Simeon and Anna saw that people often made each other unhappy too. They treated each other badly, as if they didn’t matter, especially people who were ill, or poor. It wasn’t right, and Simeon and Anna did what they could to help people, but they knew that they couldn’t do it on their own. They needed God’s help. People believed that God would send a special helper – they called him the Messiah – but when would he come, and what would he look like.

All day, every day, Simeon and Anna watched and prayed. They looked at all the people who came to the Temple, but none of them was the one.

Then one day, a little family – a man and a woman carrying a baby – came into the Temple. The baby was about six weeks old. It was baby Jesus, with Joseph and Mary. They had come to the Temple to say thank you to God for Jesus. All families did that. And when they came they brought something to offer – two pigeons. Here’s a picture of them. You can see Joseph carrying the pigeons. They felt very small – the Temple was HUGE, and it was crowded. No one would notice them. But someone did. Simeon and Anna. Something told them that this little baby was the one they had been waiting for. They pushed through the crowds towards them.

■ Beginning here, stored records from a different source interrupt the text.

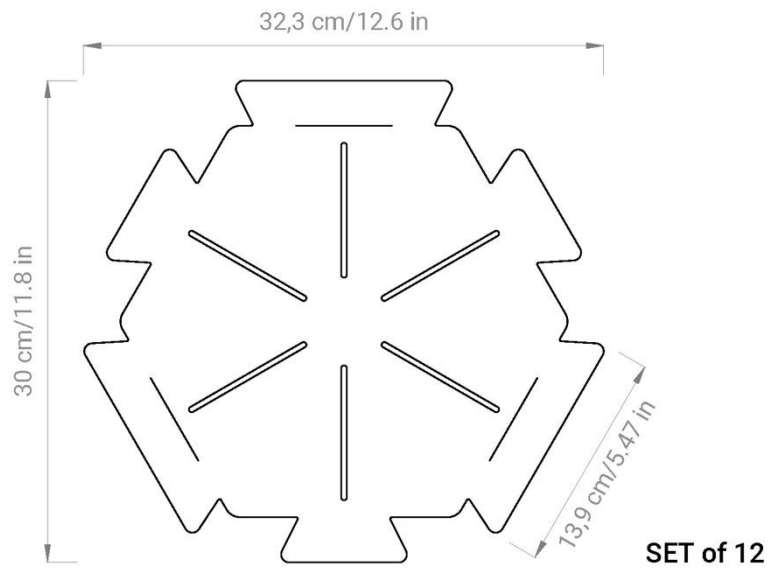

NAME:

WAVE

DESCRIPTION:

Sound-absorbing and anti-reverberation layers

APPLICATIONS:

- Wall with magnets
- Ceiling with magnets
- Curtain with support bracket
- Free application

DIMENSIONS:

- Module: L/H **30** x L/H **32,3** cm x THK **4,5** mm
L/H **11.8** x L/H **12.7** in x THK **0.18** in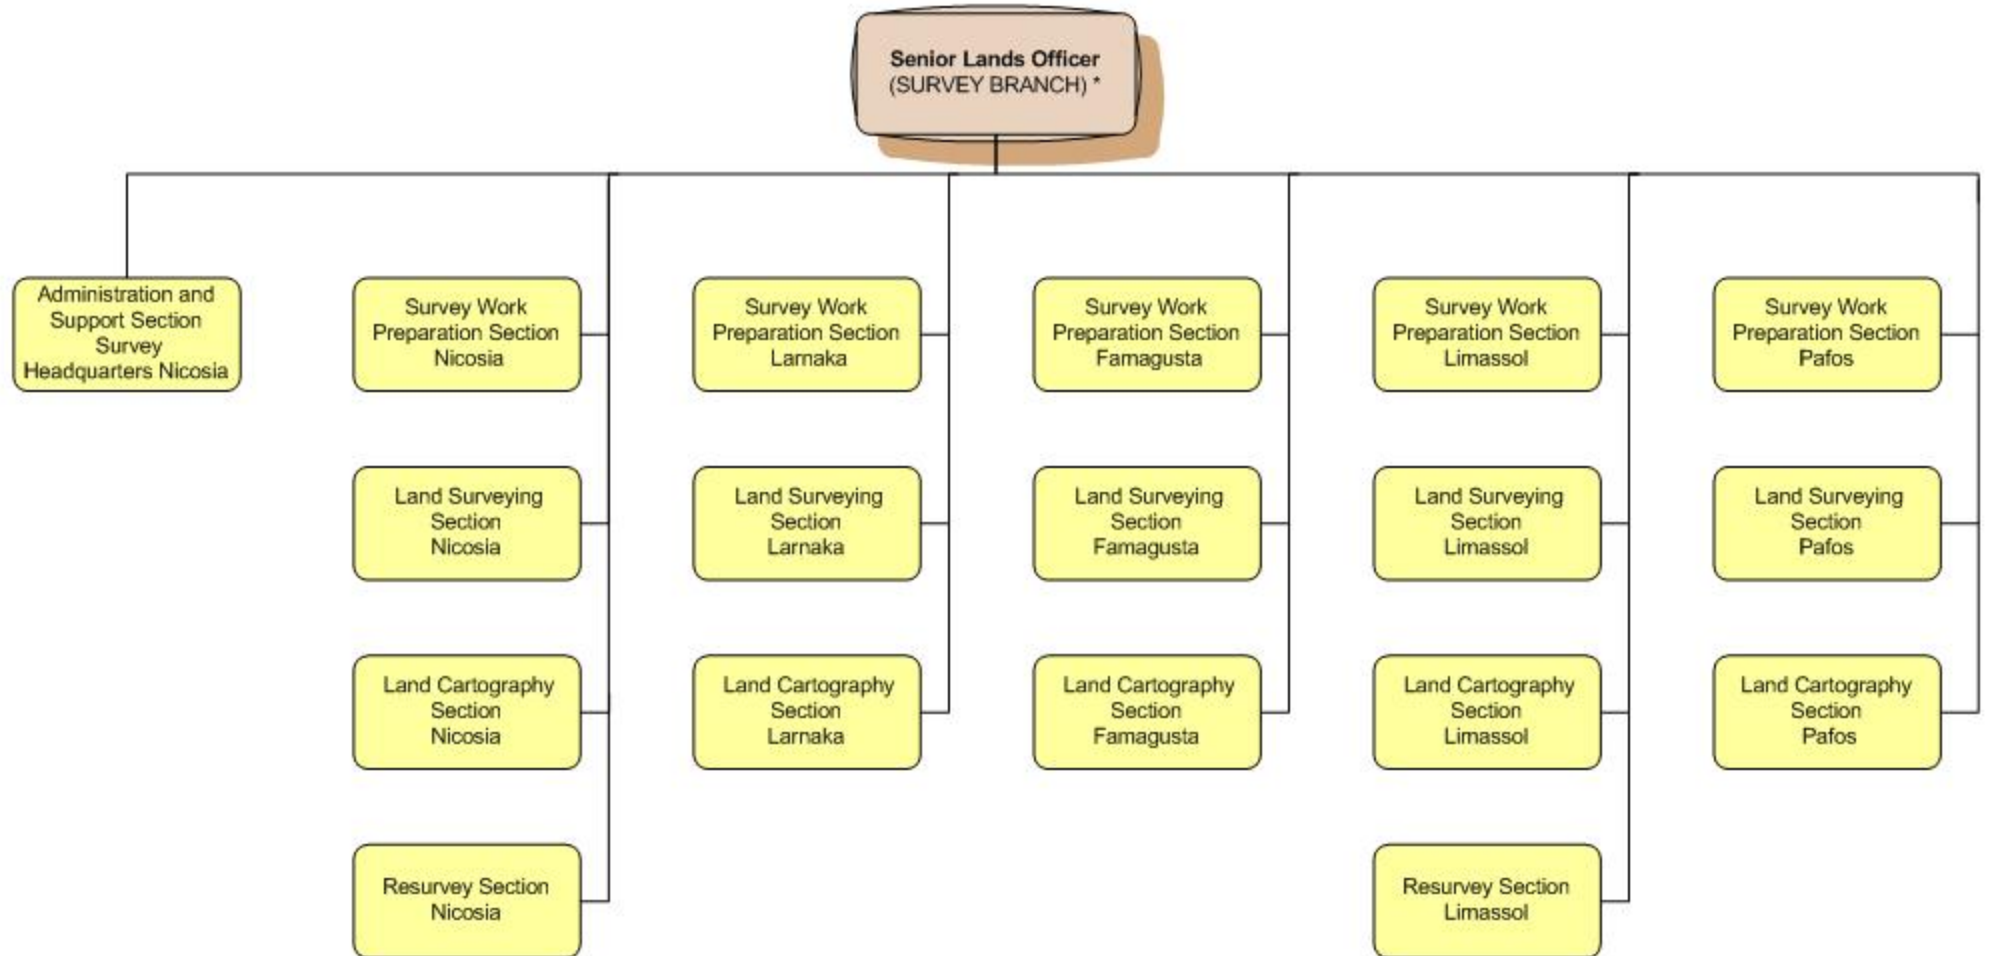

# Organisational Structure of the Survey Branch

\* The District Lands Officers have the administrative supervision of the staff of the Sections of Land Surveying and Land Cartography in Larnaka, Famagusta, Limassol, and Pafos Districts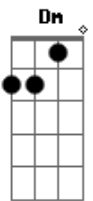

© ukulele-chords.com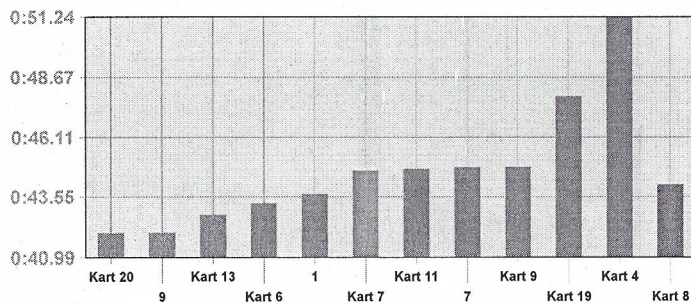

Fast Lap Times Comparison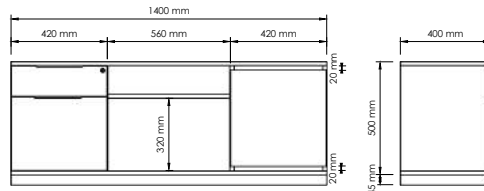

ACCESORIES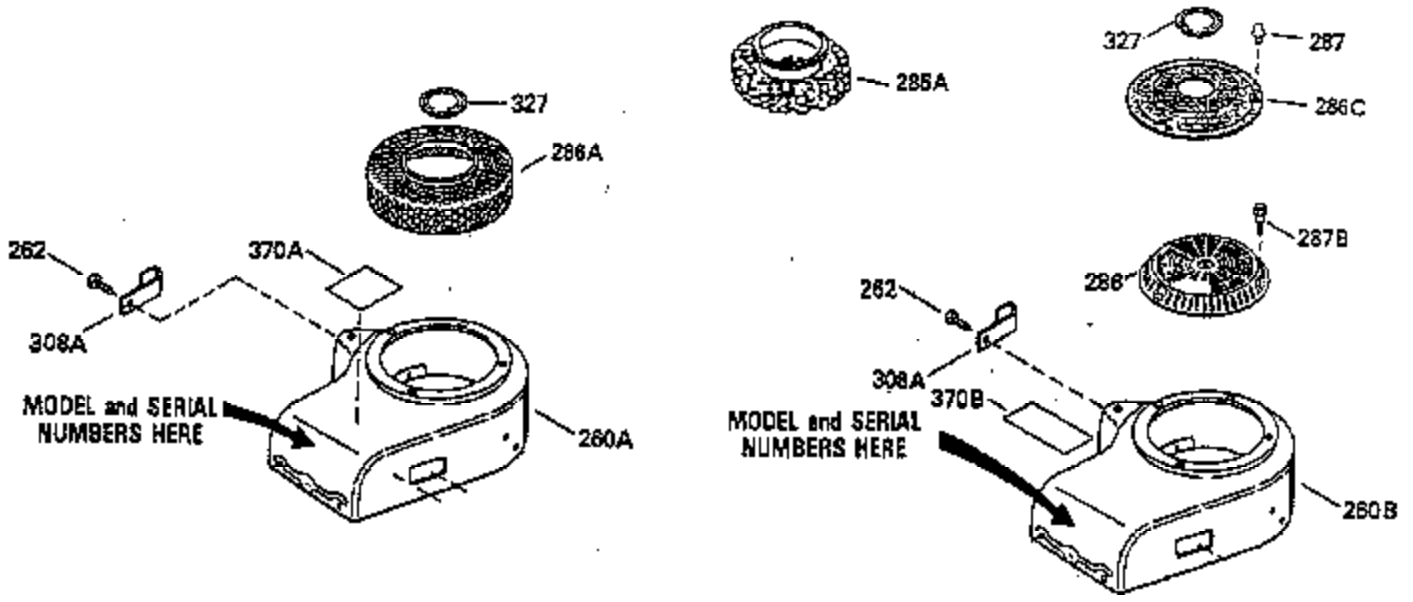

ILLUSTRATION SHOWS TYPICAL PARTS ONLY. ORDER BY PART NUMBER. PARTS NOT LISTED ARE SUPPLIED BY OEM. .

Ref #	Part Number	Qty	Description
245	35403		Air Cleaner Element (Incl. 234)
260A	35338A		Blower Housing (Incl. 281 & 282)
262	29747B		Screw, 5/16-24 x 21/32"
290	29774		Fuel Line (8 1/4" or 21cm)
292	26460		Fuel Line Clamp
308A	35437		Fill Tube Clip
327	35392		Starter Plug
380	632490		Carburetor (Incl. 184) (Refer to Division 5, Section A, page A4-6 or Fiche 12, Grid F-5for breakdown)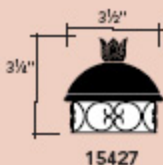

Footcandles/Distance from Fixture Center

Mounting Height	0'	.5'	1'	2'	3'	4'	5'	6'
6"	59.7	18	6.1	.7	.2	-	-	-
12"	14.4	9.5	5.4	1.2	.3	-	-	-
30"	2.2	2.1	1.8	1	.5	.1	-	-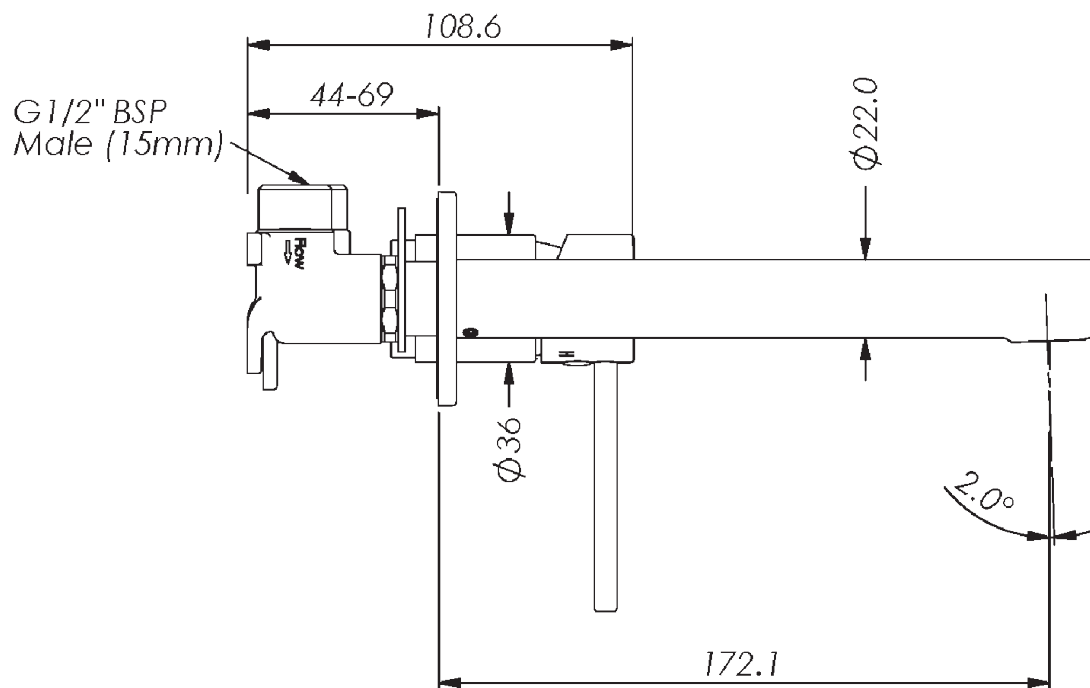

# MACI WALL BASIN MIXER WITH PLATE

- 2120252100 | Chrome
- 2120252110 | Brushed Nickel
- 2120252160 | Brushed Brass
- 2120252170 | Matte Black
- 2120252190 | Gun Metal

Simeon took the baby in his arms and said. “This is the one I have been waiting for. Now I can die happy, because I have seen that God is coming to help our people, and people all over the world. He will be like a bright light shining for everyone.” Anna told everyone around that this child would be very special when he grew up, someone would help them to live right.

Mary and Joseph didn’t know what to make of it at all, but they remembered Simeon and Anna and what they had said as Jesus grew up, and thought about it.

Candlemas is a time when we remember Simeon and Anna too. They had to wait and watch, to be patient and keep going, not giving up, so that they could see Jesus. Sometimes we have to do that too. It is easy to give up when things are difficult. But Simeon and Anna trusted that help would come, and that helped them to keep going.

Prayer: give out jam jar lanterns to one representative of each class. As they stand at the front, pray for people who might be feeling helpless, all in the dark, and ask for help to keep going. Let the children take the jam jar lanterns back to their classes.